Michael, you are right! I've just updated the question with your remarks. –  Ondřej Čertík Jan 1 '13 at 6:59

2 Answers 2

up vote 3 down vote accepted

First of all, the procedure is called dimensional regularization, not dimensional renormalization. Regularization is the process by which we make sums and integrals non-singular so that their results aren't infinite – the result "infinity" carries no meaningful physical information because the results of measurements in physics are always particular finite numbers.

After the regularization, the results of integrals are manageable finite expressions although they may still diverge in the limits we call "physical".

Renormalization is another step in which we carefully distinguish bare values of parameters (in the action) and the observed values, making sure that the theory with the appropriate values of the parameters agrees with the observations. Renormalization is something we would have to do even if the underlying integrals were convergent. It usually follows a regularization procedure but is independent of it.

Dimensional regularization is just a methodology to evaluate particular integrals – not mentioning what physical quantities or parameters are expressed by these integrals – so it's clearly a regularization technique, not renormalization technique. A broader technique to see these integrals in the loop diagrams and give them the right interpretations for the amplitudes may lead to $\overline{MS}$, em-es-bar, which is a renormalization scheme (a renormalization scheme is given by the choice of the renormalization scale as well as the exact definition of physically measurable quantities, i.e. scattering amplitudes of particles with certain energies, that play the role of the coupling constants for Taylor expansions etc.). But dim. reg. itself is just a regularization technique.

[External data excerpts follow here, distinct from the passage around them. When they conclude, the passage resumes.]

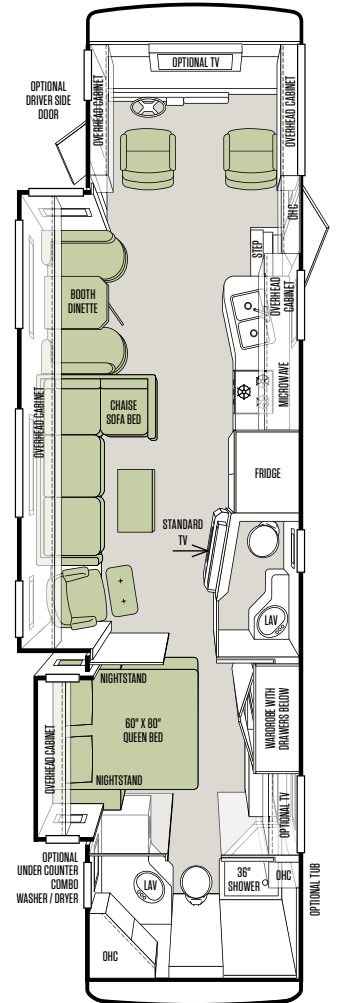

FLOOR PLANS

30 GA

32 CA

34 TGA

35 QBA

36 LA

AVAILABLE OPTIONS

NEW FLOOR PLAN

31 SA

FIREPLACE BELOW TV  
IN ENTERTAINMENT  
CENTER

RECLINER WITH OTTOMAN  
& SOFA/SLEEPER

COCKPIT

OPTIONAL FIREPLACE BELOW MIDSECTION TV (36 LA)

DRIVER/PASSENGER SEATS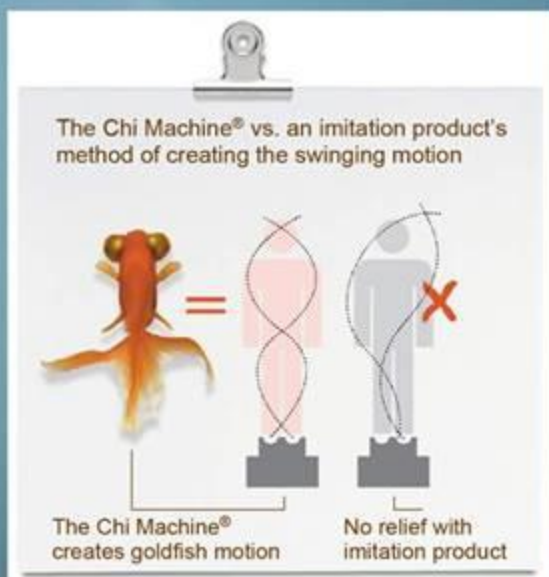

SOQI Ceramic Heater

FIR Topical Warming Unit

The Ceramic Heater produces its unique effect through radiant FIR heat. Its unique arched design enhances these thermal effects so you get a totally enjoyable experience. It's simple and convenient to operate. If you are looking for a perfect addition to massage or other manipulative modalities, the Ceramic Heater is perfect for you.

SPECIAL FEATURES:

1. Therapeutic FIR at beneficial 8-10 microns.
2. Soothing, warm heat.
3. Digital controls with built-in safety features.
4. Simple to operate.
5. Small and portable.
6. Wide 160 degree heating surface area.

The Chi Machine®

A product that blends the ancient arts with modern technology for a unique and therapeutic experience.

No.1

Selling
Chi Machine
In The World

The Chi Machine® Therapeutic Massager is the culmination of 38 years of research and development by Dr. Shizuo Inoue, a medical visionary and the developer of the world renowned Chi Machine.

Now, the new parameter $\Lambda$ in dim. reg. is auxiliary, newly added, so we finally expect or want it to drop out of the physical expressions. Indeed, $\Lambda$ of dim. reg. also drops out of the final physical expressions although it's only after the full calculation of the physics quantities including the renormalization. In particular, various quantities linked to certain scales may depend on $\Lambda$, or the ratio $\mu/\Lambda$ involving a new auxiliary scale, but the observed/predicted cross sections are linked to other observed cross sections etc. by formulae that contain neither $\Lambda$ nor $\mu$.

Scale invariance

Below equation 7 of the paper you mentioned, they make it rather clear what they mean by the scale invariance. They mean that the expression, the integral in equation 7, is formally scale-invariant under $k\to kx$. If we just rescale $y\to ky$ as well, the integration variable, the factors of $k$ cancel between $dy$ and $1/\sqrt{x^2+y^2}$.

The integral itself is divergent but if we were satisfied with this unphysical answer $\infty$, it would be OK for the scale invariance because $\phi(x)=\phi(kx)=\infty$.

As they make it clear between equations 7 and 12, this scale invariance is subtle for divergent integrals because while we may say that $\infty=\infty$, it's still true that $\infty-\infty$ which appears in physically important quantities (work that is done) is an indeterminate form whose value may be any finite (or infinite) number. In particular, if you rescale $x,y$ by $k$, the $\overline{MS}$ renormalized expression changes additively by $(\lambda/4\pi\epsilon_0)\ln k$ with some sign. It's a purely additive shift that is independent of $x,y,z$ and such an additive shift may be undone by a simple $U(1)$ gauge transformation whose gauge parameter is something like $(\lambda/4\pi\epsilon_0)\ln(k)\cdot t$ i.e. linear in time (because we want to eliminate the temporal $A_0$ component).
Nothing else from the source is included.